From the records below, work out how many lines contain "racordare". Reply with that number alone.
-------------------------
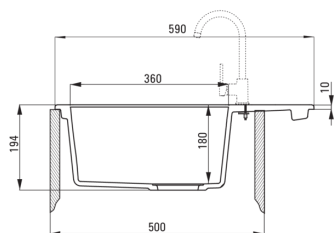

ANDANTE

Chiuvetă din granit, 1-cuvă cu picurător

 deante

Codul produsului: ZQN_711A

Culoarea: nisip

Chiuvetă

Finisaj	nisip
Tipul suprafeței	mat
Material	granit
Metoda de instalare	cu montare încastrată
Număr de cuve	1
Lățimea minimă a dulapului [mm]	500
Lățime [mm]	490
Lungimea [mm]	590
Înălțime [mm]	194
Adâncimea cuvei [mm]	180
Lungimea conturului [mm]	570
Lățimea conturului [mm]	470
Reversibil	Da
Dotat cu accesorii	Da
Număr de orificii	2
Număr de orificii făcute în avans	0

Sifon

Finisaj	oțel
Tipul dopului	automat
Sifon pentru economie de spațiu	Da
Posibilitate de racordare a unei mașini de spălat vase/ rufe	Da

Caracteristici:

- Proprietățile granitului Deante: rezistență la impact, temperatură ridicată, decolorare, șoc termic - conform standardului EN 13310
- Cea mai lungă garanție, de 18 ani
- Chiuveta este dotată cu accesorii de racordare la mașina de spălat vase
- Accesorii cu închidere automată a rigolei
- Proprietățile hidrofobe resping moleculele de apă.
- În cuva excepțional de spațioasă și adâncă intră până și tăvile scoase din cuptor
- Chiuvetă reversibilă – posibilitate de instalare a cuvei pe partea stângă sau pe partea dreaptă
- Agent de curățare special, sigur pentru suprafețele curățate
- Sifon pentru economie de spațiu, care înlesnește sortarea reziduurilor
-------------------------
**ANSWER TO THIS PROBLEM**
2